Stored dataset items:
· · · ·

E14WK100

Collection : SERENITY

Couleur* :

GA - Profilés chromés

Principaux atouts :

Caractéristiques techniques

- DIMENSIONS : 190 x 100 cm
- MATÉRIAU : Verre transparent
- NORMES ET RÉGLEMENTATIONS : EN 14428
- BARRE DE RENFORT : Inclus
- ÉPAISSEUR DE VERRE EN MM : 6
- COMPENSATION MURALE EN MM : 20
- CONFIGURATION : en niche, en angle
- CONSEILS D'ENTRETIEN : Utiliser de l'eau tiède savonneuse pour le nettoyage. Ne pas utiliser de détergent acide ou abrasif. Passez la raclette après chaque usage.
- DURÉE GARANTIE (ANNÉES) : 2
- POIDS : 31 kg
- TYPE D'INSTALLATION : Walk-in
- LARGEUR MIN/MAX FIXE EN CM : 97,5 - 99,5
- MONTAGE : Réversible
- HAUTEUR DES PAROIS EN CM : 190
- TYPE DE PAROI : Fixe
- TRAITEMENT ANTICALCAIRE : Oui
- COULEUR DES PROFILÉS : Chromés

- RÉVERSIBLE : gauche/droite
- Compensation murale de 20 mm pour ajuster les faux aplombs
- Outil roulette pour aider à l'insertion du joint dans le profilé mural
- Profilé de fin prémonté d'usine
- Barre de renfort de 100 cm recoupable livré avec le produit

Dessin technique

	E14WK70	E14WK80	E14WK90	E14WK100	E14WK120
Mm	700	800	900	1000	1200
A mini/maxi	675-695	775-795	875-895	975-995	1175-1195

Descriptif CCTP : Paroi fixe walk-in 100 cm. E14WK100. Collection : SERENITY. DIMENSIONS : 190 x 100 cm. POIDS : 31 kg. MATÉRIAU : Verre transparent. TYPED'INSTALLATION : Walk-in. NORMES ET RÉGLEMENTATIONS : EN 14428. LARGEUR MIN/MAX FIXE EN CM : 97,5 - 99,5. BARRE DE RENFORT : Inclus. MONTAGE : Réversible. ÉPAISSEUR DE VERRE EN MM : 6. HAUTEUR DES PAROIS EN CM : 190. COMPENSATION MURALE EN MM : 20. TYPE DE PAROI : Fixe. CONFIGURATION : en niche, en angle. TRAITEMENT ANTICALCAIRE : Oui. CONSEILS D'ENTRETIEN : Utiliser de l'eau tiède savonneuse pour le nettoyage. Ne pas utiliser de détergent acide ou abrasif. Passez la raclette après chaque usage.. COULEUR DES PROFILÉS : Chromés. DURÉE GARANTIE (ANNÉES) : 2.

· · · ·

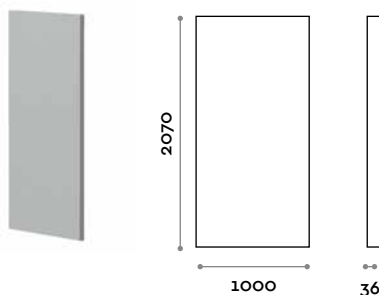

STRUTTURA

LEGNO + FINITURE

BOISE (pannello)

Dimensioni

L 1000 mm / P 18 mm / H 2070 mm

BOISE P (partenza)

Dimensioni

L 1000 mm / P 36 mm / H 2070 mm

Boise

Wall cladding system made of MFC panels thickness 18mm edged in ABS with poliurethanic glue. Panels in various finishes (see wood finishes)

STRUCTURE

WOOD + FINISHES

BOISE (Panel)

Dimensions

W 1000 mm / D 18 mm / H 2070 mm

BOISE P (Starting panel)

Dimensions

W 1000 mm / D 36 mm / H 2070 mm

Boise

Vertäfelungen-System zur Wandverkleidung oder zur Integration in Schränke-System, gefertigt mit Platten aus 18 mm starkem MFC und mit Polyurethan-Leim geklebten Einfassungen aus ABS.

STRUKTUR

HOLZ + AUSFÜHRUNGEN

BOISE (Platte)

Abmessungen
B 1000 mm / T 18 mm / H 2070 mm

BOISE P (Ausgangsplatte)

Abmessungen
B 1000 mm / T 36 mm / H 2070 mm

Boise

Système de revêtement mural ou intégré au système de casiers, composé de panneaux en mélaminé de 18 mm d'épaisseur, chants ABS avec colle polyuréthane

· · · ·

= WHAT IS EXPECTED =
For this exercise, output exactly the lines above from the line with "Wall cladding system" to the line with "Système de revêtement", counting both, and leave out the rest.

= OUTPUT OF THE TASK =
Wall cladding system made of MFC panels thickness 18mm edged in ABS with poliurethanic glue. Panels in various finishes (see wood finishes)

STRUCTURE

WOOD + FINISHES

BOISE (Panel)

Dimensions

W 1000 mm / D 18 mm / H 2070 mm

BOISE P (Starting panel)

Dimensions

W 1000 mm / D 36 mm / H 2070 mm

Boise

Vertäfelungen-System zur Wandverkleidung oder zur Integration in Schränke-System, gefertigt mit Platten aus 18 mm starkem MFC und mit Polyurethan-Leim geklebten Einfassungen aus ABS.

STRUKTUR

HOLZ + AUSFÜHRUNGEN

BOISE (Platte)

Abmessungen
B 1000 mm / T 18 mm / H 2070 mm

BOISE P (Ausgangsplatte)

Abmessungen
B 1000 mm / T 36 mm / H 2070 mm

Boise

Système de revêtement mural ou intégré au système de casiers, composé de panneaux en mélaminé de 18 mm d'épaisseur, chants ABS avec colle polyuréthane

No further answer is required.